Cut the radish thin, the zucchini thick, and the tofu into spoon-size cubes. Keep the cheonggukjang separate from the other seasonings. Measure 170 grams now. If the beans are very whole, press them lightly with a spoon, but leave some texture because those beans are part of the dish.
Heat the oil in a ttukbaegi or heavy 2-quart pot over medium heat. Add the pork and cook 2 to 3 minutes, just until the edges lose their raw color and a little fat renders. Add the chopped kimchi and kimchi brine and stir 3 minutes, until the kimchi looks glossy and deepened. Frying sour kimchi first rounds its sharpness and lets the pork fat carry it through the stew.
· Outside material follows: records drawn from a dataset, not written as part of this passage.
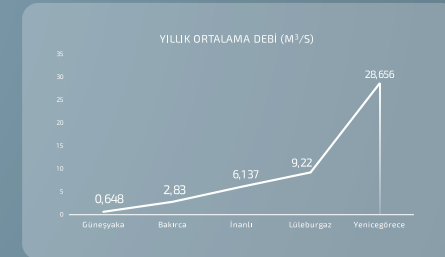

ERGENE HAVZASINA GENEL BAKIŞ VE KORUMA EYLEM PLANI

ERGENE HAVZASI HARİTASI

ARAZİ KULLANIM ŞEKİLLERİ

ERGENE NEHRİNİN AKIŞ HARİTASI

SANAYİNİN SEKTÖREL DAĞILIMI

ERGENE HAVZASINDA NÜFUS DEĞİŞİMLERİ

SANAYİ TESİSİ SAYISININ DEĞİŞİMİ

TARIM ALANLARININ İLLERE GÖRE KULLANIM ŞEKİLLERİ

DEBİ ÖLÇÜM DEĞİŞİMLERİ

ERGENE HAVZASI KORUMA EYLEM PLANI BİLEŞENLERİ

Pour in the strained broth, then add the radish and onion. Dissolve the doenjang into the liquid and add the gochugaru if you are using it. Simmer 7 to 8 minutes, until the radish edges turn translucent. The doenjang goes in early because it can handle the simmer and gives salt without forcing you to overcook the cheonggukjang.
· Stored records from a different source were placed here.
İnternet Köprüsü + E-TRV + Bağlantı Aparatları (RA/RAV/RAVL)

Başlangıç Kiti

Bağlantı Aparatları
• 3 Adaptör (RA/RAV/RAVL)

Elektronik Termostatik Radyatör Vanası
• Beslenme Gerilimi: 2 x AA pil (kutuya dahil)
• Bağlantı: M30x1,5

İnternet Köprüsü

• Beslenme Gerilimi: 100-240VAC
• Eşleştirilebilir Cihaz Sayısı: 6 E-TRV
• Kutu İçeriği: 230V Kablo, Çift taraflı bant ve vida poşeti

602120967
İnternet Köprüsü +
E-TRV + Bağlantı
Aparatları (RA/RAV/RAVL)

Add the zucchini, tofu, and minced garlic. Simmer 4 to 5 minutes, just until the zucchini is tender but still green and the tofu is warmed through. Taste the broth now. It should be slightly underseasoned, because the cheonggukjang still has to enter the pot.
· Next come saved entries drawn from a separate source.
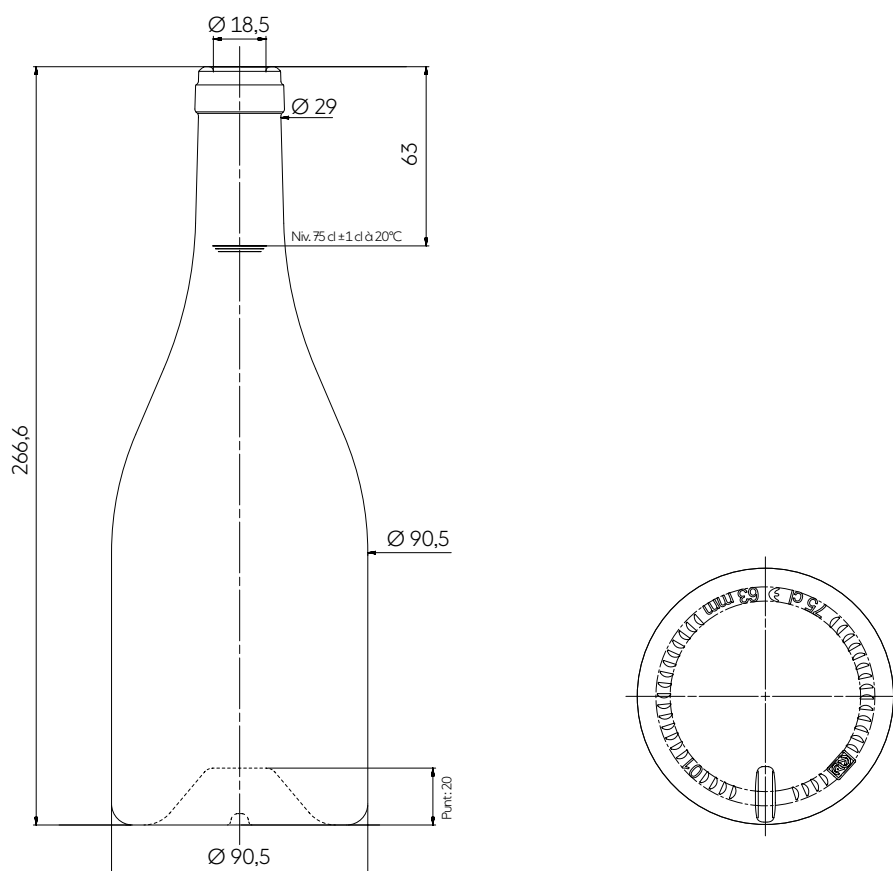

BOURGOGNE ORIGIN 75 CL

PREMIUM +

Showcasing a rounded line that unmistakably combines tradition and style, BOURGOGNE ORIGIN stands out from the classic bourgogne range on account of its 266.6 mm height. Its distinctive design also features a number of details, such as its square bourgogne finish, the ability to label the shoulder strap, its 20 mm punt and its featherweight of 528 grams. This organic, generous silhouette with its enveloping proportions is weight-optimized to minimize its environmental impact.

Con una línea redondeada que combina tradición y estilo, BOURGOGNE ORIGIN se distingue de la oferta Bourgogne clásica por una altura de 266,6 mm. Su diseño diferenciador juega también con múltiples detalles como su anillo cuadrado borgoña, su línea recta etiquetable en el hombro, su picadura de 20 mm y, por supuesto, su peso pluma de 528 g. Esta silueta orgánica y generosa de proporciones envolventes ofrece un peso optimizado para minimizar su impacto medioambiental.

TECHNICAL FEATURES ESPECIFICACIONES TÉCNICAS

Capacity Capacidad	25.36 oz 75 cl
Reference Referencia	7288
Finish Boca	Carrée Bourgogne
Weight Peso	18.62 oz 528 g
Overall height Altura total	10.50 in 266,6 mm
Body diameter Diámetro cuerpo	3.56 in 90,5 mm
Entrance bore diameter Diámetro de entrada	0.73 in 18,5 mm
Fill height Nivel de llenado	2.48 in 63 mm
Quality Criterio de calidad	Standard Estandard
Punt height Altura picadura	0.79 in 20 mm
Glass color Color de vidrio	<ul style="list-style-type: none"> ● Antique Green Verde Antique ○ Extra White Flint Extra Blanco

PACKING EMBALAJE

Number of bottles per layer Número de botellas por capa	154
Number of layers Número de capas	7
Number of bottles per pallet Número de botellas por palet	1078
Pallet gross weight Peso total por palet	567 kg
Overall height Altura total	2,03 m

Turn off the heat. Scoop 1/2 cup hot broth into a small bowl and mash the cheonggukjang into it until loose, then stir it back into the pot. Return the pot to low heat only until the edge trembles and a few bubbles appear, 1 to 2 minutes. Do not let it roll into a hard boil. Cheonggukjang is not doenjang; long boiling drives its nutty smell into harshness.
Scatter in the green chili, red chili if using, and scallions. Taste once more and add up to 1/4 teaspoon salt only if the broth tastes flat. Let the stew sit 2 minutes off the heat, then carry the pot to the table with hot rice. If the flavor feels strong, rice is the answer, not sugar.